Goal of the exercise | Line by line, give the data again exactly as it appears, but without pictures.

[[ Given information, beginning ]]

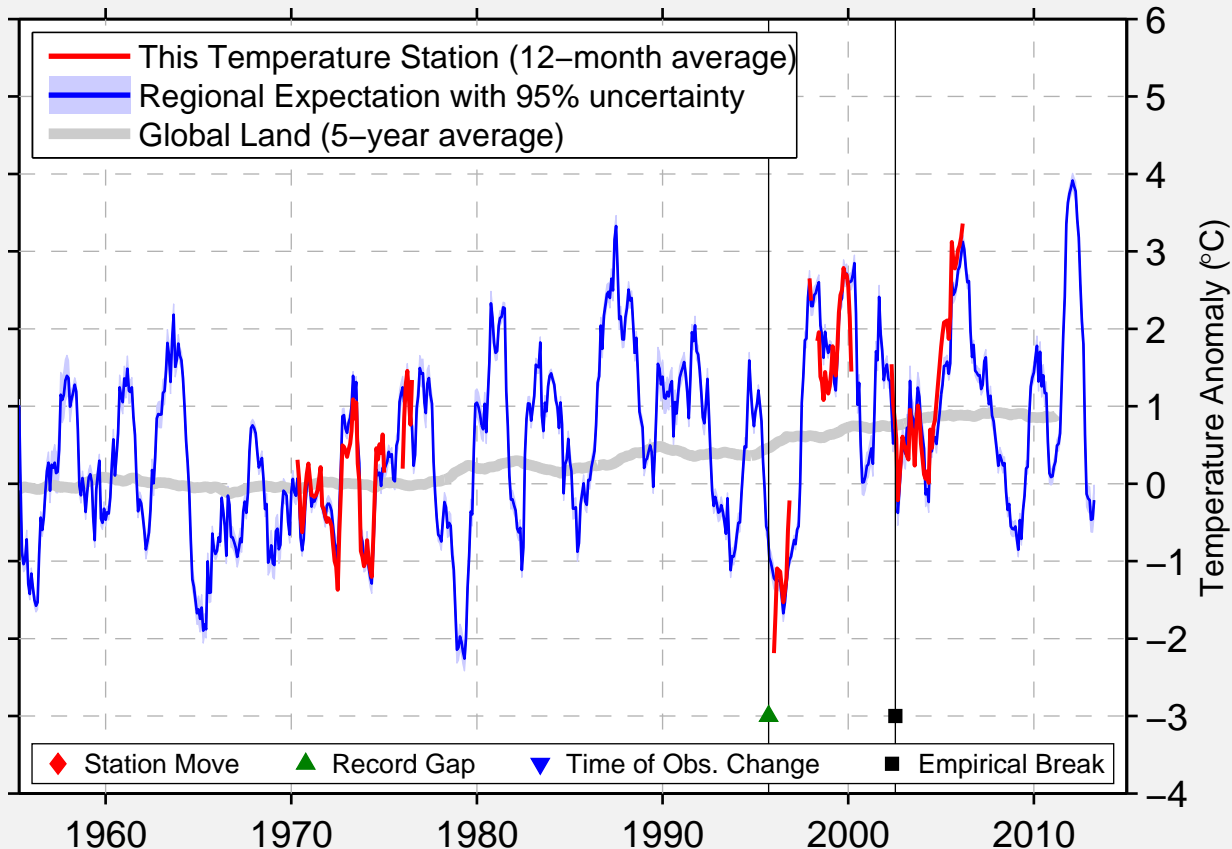

KILLARNEY

49.180 N, 99.650 W (Canada)

Data Quality Controlled and Aligned at Breakpoints

Berkeley Earth

[[ Given information, end ]]

Output of the task |
KILLARNEY

49.180 N, 99.650 W (Canada)

Data Quality Controlled and Aligned at Breakpoints

Berkeley Earth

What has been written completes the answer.